> WHAT THE TASK REQUIRES
Return each line of the data below exactly, omitting any pictures.

(Stored items from a collection)
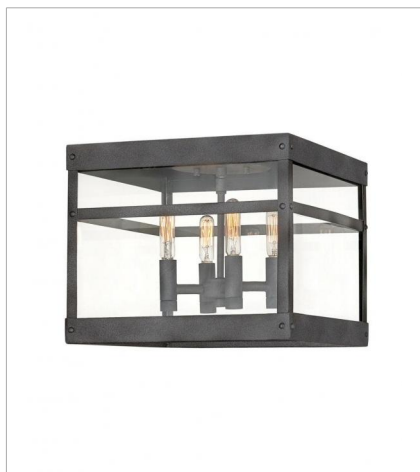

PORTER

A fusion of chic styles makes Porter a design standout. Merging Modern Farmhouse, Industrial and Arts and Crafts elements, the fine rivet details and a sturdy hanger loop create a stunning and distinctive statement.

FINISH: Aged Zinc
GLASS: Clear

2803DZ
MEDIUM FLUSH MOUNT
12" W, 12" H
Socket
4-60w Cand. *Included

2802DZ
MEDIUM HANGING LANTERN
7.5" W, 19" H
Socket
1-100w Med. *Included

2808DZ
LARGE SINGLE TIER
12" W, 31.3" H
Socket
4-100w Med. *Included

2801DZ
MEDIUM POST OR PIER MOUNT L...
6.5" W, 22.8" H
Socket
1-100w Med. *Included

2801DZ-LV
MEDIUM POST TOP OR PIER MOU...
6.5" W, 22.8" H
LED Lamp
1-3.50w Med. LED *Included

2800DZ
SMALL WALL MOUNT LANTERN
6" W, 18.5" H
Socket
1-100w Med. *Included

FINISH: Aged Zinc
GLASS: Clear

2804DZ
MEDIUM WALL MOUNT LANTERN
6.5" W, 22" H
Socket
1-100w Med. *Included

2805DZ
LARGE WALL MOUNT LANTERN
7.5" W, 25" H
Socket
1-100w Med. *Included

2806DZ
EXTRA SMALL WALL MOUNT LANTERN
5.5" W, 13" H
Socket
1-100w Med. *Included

> EXERCISE OUTPUT
PORTER

A fusion of chic styles makes Porter a design standout. Merging Modern Farmhouse, Industrial and Arts and Crafts elements, the fine rivet details and a sturdy hanger loop create a stunning and distinctive statement.

FINISH: Aged Zinc
GLASS: Clear

2803DZ
MEDIUM FLUSH MOUNT
12" W, 12" H
Socket
4-60w Cand. *Included

2802DZ
MEDIUM HANGING LANTERN
7.5" W, 19" H
Socket
1-100w Med. *Included

2808DZ
LARGE SINGLE TIER
12" W, 31.3" H
Socket
4-100w Med. *Included

2801DZ
MEDIUM POST OR PIER MOUNT L...
6.5" W, 22.8" H
Socket
1-100w Med. *Included

2801DZ-LV
MEDIUM POST TOP OR PIER MOU...
6.5" W, 22.8" H
LED Lamp
1-3.50w Med. LED *Included

2800DZ
SMALL WALL MOUNT LANTERN
6" W, 18.5" H
Socket
1-100w Med. *Included

FINISH: Aged Zinc
GLASS: Clear

2804DZ
MEDIUM WALL MOUNT LANTERN
6.5" W, 22" H
Socket
1-100w Med. *Included

2805DZ
LARGE WALL MOUNT LANTERN
7.5" W, 25" H
Socket
1-100w Med. *Included

2806DZ
EXTRA SMALL WALL MOUNT LANTERN
5.5" W, 13" H
Socket
1-100w Med. *Included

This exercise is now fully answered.